▶ _WORK TO BE COMPLETED_
Could you transcribe each record below exactly as written, setting the pictures aside?

━━━━━ EXERCISE DATA

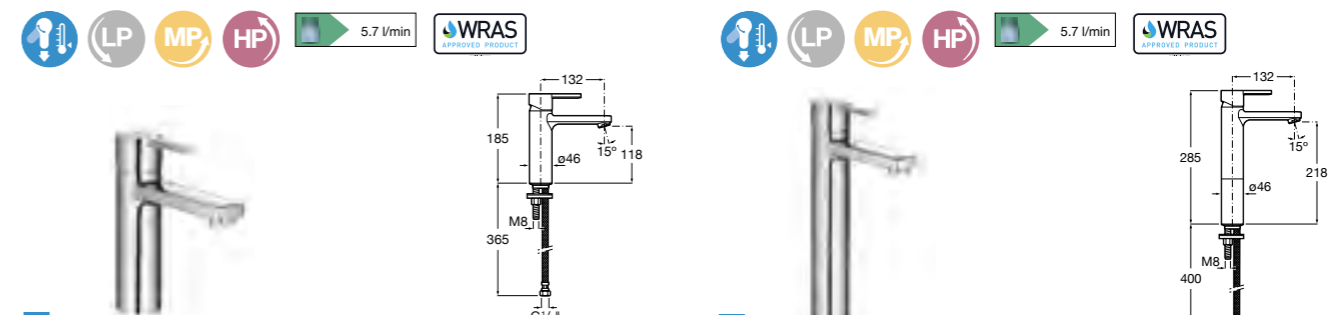

Medium height monobloc basin mixer with smooth body, 5 l/min flow limiter, aerator and 1/2" flexible supply hoses

Ref. 5A3996C0R
£281.19 (€337.43)

Recommended:
Standard press down waste

Ref. D50010005
£16.37 (€19.64)

Extended monobloc basin mixer with smooth body, 5 l/min flow limiter, aerator and 1/2" flexible supply hoses

Ref. 5A3796C0R
£306.94 (€368.33)

Recommended:
Standard press down waste

Ref. D50010005
£16.37 (€19.64)

Due to the cold start system, the handle of these products turns 110° to the left only so may not be compatible with basins where the taphole is situated in the back right corner.
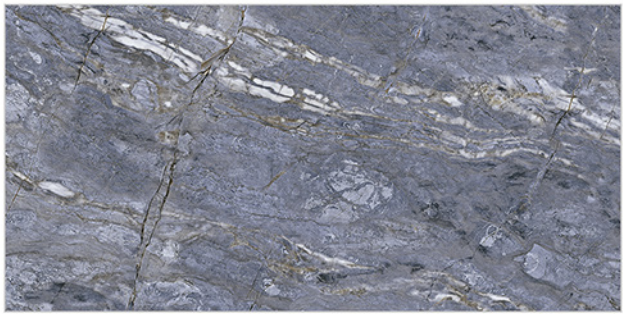

3048_LT-(Random)
3048_HL1-(Punch)
3048_DK-(Random)

WATERPROOF SURFACE

CHEMICAL RESISTANCE

FROST RESISTANCE

RESISTANCE TO FIRE

www.avenstiles.com

Glossy Finish...!!

WALL TILES 300X600 MM

━━━━━━━━━━

▶ _COMPLETED EXERCISE_
Medium height monobloc basin mixer with smooth body, 5 l/min flow limiter, aerator and 1/2" flexible supply hoses

Ref. 5A3996C0R
£281.19 (€337.43)

Recommended:
Standard press down waste

Ref. D50010005
£16.37 (€19.64)

Extended monobloc basin mixer with smooth body, 5 l/min flow limiter, aerator and 1/2" flexible supply hoses

Ref. 5A3796C0R
£306.94 (€368.33)

Recommended:
Standard press down waste

Ref. D50010005
£16.37 (€19.64)

Due to the cold start system, the handle of these products turns 110° to the left only so may not be compatible with basins where the taphole is situated in the back right corner.

3048_LT-(Random)
3048_HL1-(Punch)
3048_DK-(Random)

WATERPROOF SURFACE

CHEMICAL RESISTANCE

FROST RESISTANCE

RESISTANCE TO FIRE

www.avenstiles.com

Glossy Finish...!!

WALL TILES 300X600 MM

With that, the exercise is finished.